What is fracking, exactly. Some hail it as an economic savior, while others say it's ruining their health. Emerging science suggests the temporary financial boost may come at a huge price. Unpleasant consequences of drilling for natural gas in shale formations around the country are front and center in the documentary Gasland, a documentary that was nominated for top honors in Sunday's Academy Awards (but didn't win). According to recent reports, including one on Salon.com, the natural gas industry actually urged the American Academy of Motion Picture Arts and Sciences to withdraw its nomination of Gasland.

While the film is full of compelling, but mostly anecdotal, evidence of families falling ill and animals dying after the big drilling rigs, chemical cocktails, and compressor stations move into town, it's important to note that a growing body of scientific evidence is finding that yes, fracking is harmful to not just the environment, but to us, too. Don't live near a fracking site? Keep reading anyway: This still concerns you.

Here are five important natural gas facts to share with your friends and family.

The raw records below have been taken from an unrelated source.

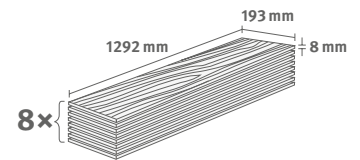

Treviso Eiche natur

Dekor-Nr.: **EL2181**

Artikel-Nr.: **599889**

8/32 Classic

Leisten-Nr.: **L716**

1.9948 m² | 15 kg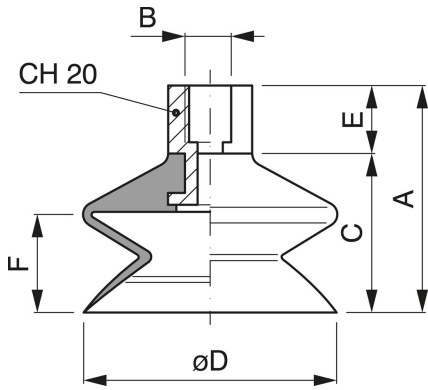

Special bellow suction cups with external vulcanized female support

Art	Force kg	A	B	C	D	E	F
SFS 40 01	3.14	52	1/4"	35	40	17	18
SFS 50 01	4.90	54	1/4"	37	50	17	20
SFS 60 01	7	56	1/4"	39	60	17	21
SFS 85 01	14	67	1/4"	50	85	17	31

Art. SFS 40 01 ÷ SFS 85 01

Art	Force kg	A	B	C	D	E	F
SFS 40 02	3.14	69	1/4"	52	40	17	35
SFS 50 02	4.90	72	1/4"	55	50	17	38
SFS 60 02	7	75	1/4"	58	60	17	41
SFS 85 02	14	95	1/4"	78	85	17	58

Art. SFS 40 02 ÷ SFS 85 02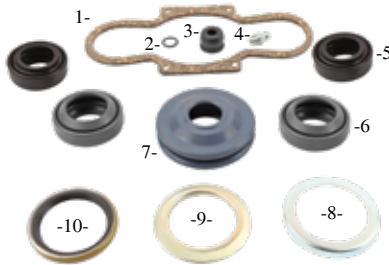

370111 CONTA KEÇE VE PERNO LASTİK TAKIMI
GASKET SEAL & PIN RUBBER SET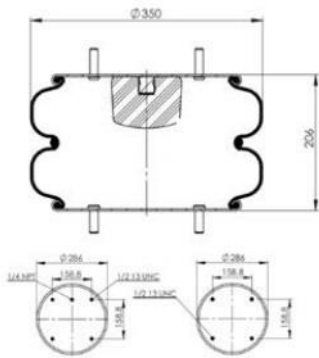

2CA-355-7K

Order No : 5100167

OEM & Cross References No :

- **CONTITECH** : FD 530-22 316
- **FIRESTONE** : W01-681-7700
- **GRANNING** : 1015 / 15663
- **HENDRICKSON** : B-3184
- **RIDEWELL** : 1003587140C
- **WATSON & CHALIN** : AS-0008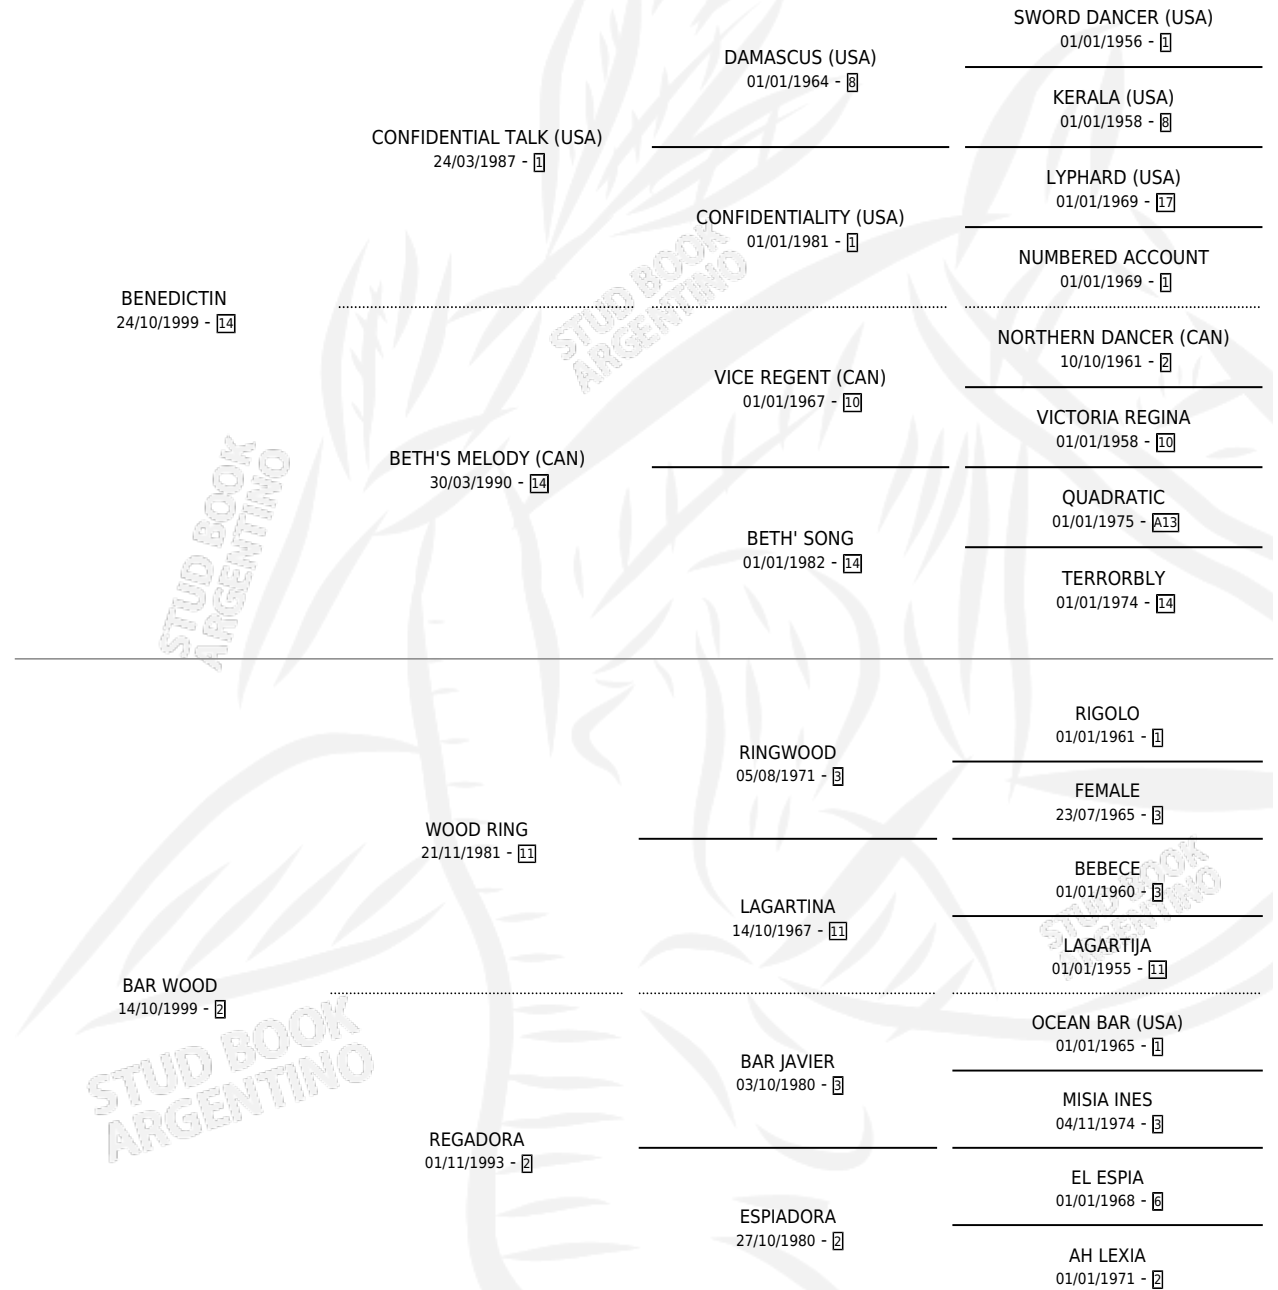

CAMPERA TIN

por **BENEDICTIN** y **BAR WOOD** por **WOOD RING**

Argentina · Hembra · Alazan · SP · 19/10/2008
Familia 2 · Volumen 40

ESTADO

TIPIFICACIÓN SANGUÍNEA	X
TIPIFICACIÓN POR ADN	X
PASAPORTE	X
IDENTIFICACIÓN POR MICROCHIP	X
REPRODUCTOR	X

Lugar de nacimiento: Cariloo

Criador: Gonzalez Raul Oscar

PEDIGREE

CAMPERA TIN

Datos oficiales del Stud Book Argentino

Documento generado el 02/05/2026

studbook.org.ar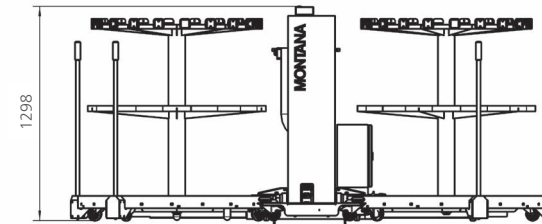

BIENVENUE DANS L'AVENIR

LE SYSTEME DE RECHARGE MODULAIRE ET DURABLE

VOLVR
the innovative loading system

Mais ce n'est pas tout. VOLVR n'est pas seulement efficace, polyvalent et avantageux, il est aussi durable: notre système est compatible avec toutes les machines de

service de ski de la gamme CRYSTAL MAGIC à partir de 2018 et évidemment aussi avec les générations futures de cette gamme MONTANA.

Eh bien, qu'attendez-vous ? Choisissez VOLVR et vivez le service de skis du futur. **#LevelUpYourSkiservice**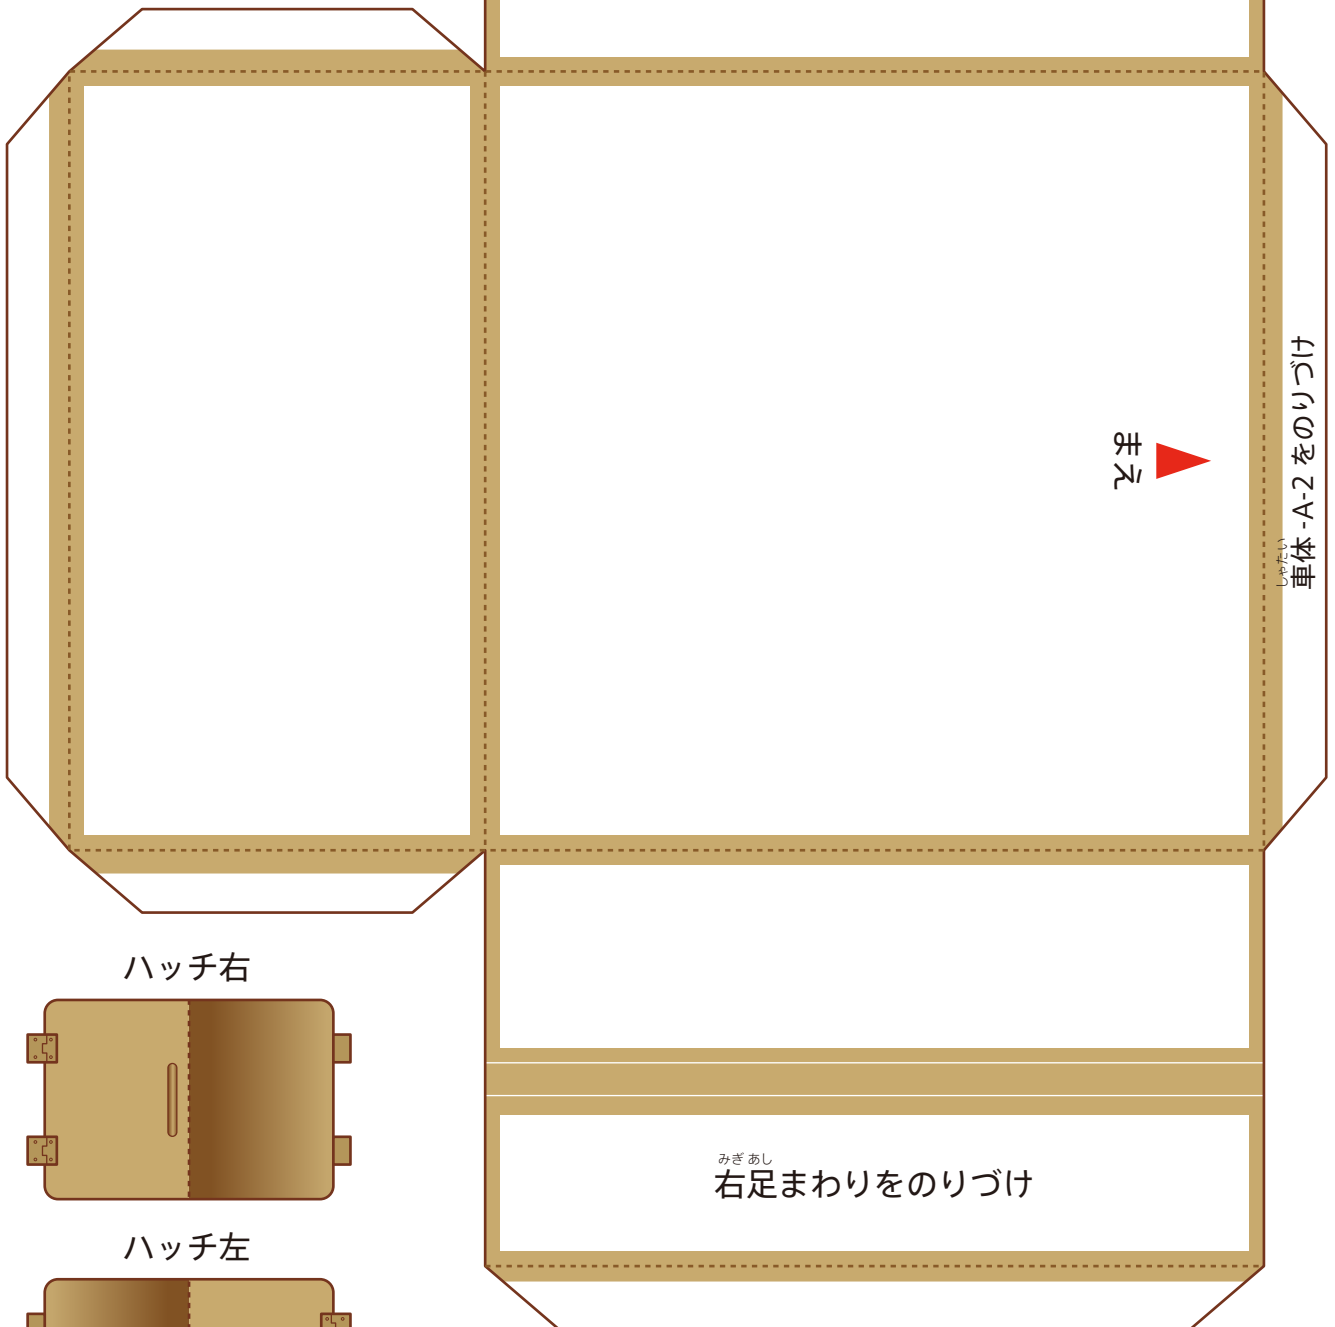

まん せい く ちく せん しゃ
万世駆逐戦車

やまお たにお
山折り 谷折り

しゃたい
車体 -A-1

ハッチ右

ハッチ左

まん せい く ちく せん しゃ
万世駆逐戦車

やまお 谷折り たにお 山折り
山折り 谷折り

しゃたい
車体 -A-2

1. Natural gas is not clean. Natural gas burns more cleanly than other fossil fuels, but in the course of its entire life cycle, it's actually worse than coal, long touted as the dirtiest of our fossil fuels. Because fracking involves mixing millions of gallons of water laced with chemicals into the ground at high pressure, it creates fissures in the shale that release the natural gas. Life cycle analysis expert Robert Howarth, PhD, professor of ecology and environmental biology at Cornell University, discovered that anywhere from 3.6 to nearly 8 percent of the methane from shale gas drilling escapes through venting and leaks. Methane is a greenhouse gas about 23 times more potent than carbon dioxide.

Howarth's latest life cycle calculations updated in January 2011 find that when considering the burning of natural gas, and the methane leaks that fracking creates, shale gas produces 1.20- to 2.1-fold more greenhouse gas emissions when compared to coal during a 20-year time period. Methane leaks are worse during the actual fracking process, but they continue to slowly seep over long periods of time. When considering this, natural gas is on par with coal when looking at greenhouse gas production over a 100-year period, the Cornell research shows.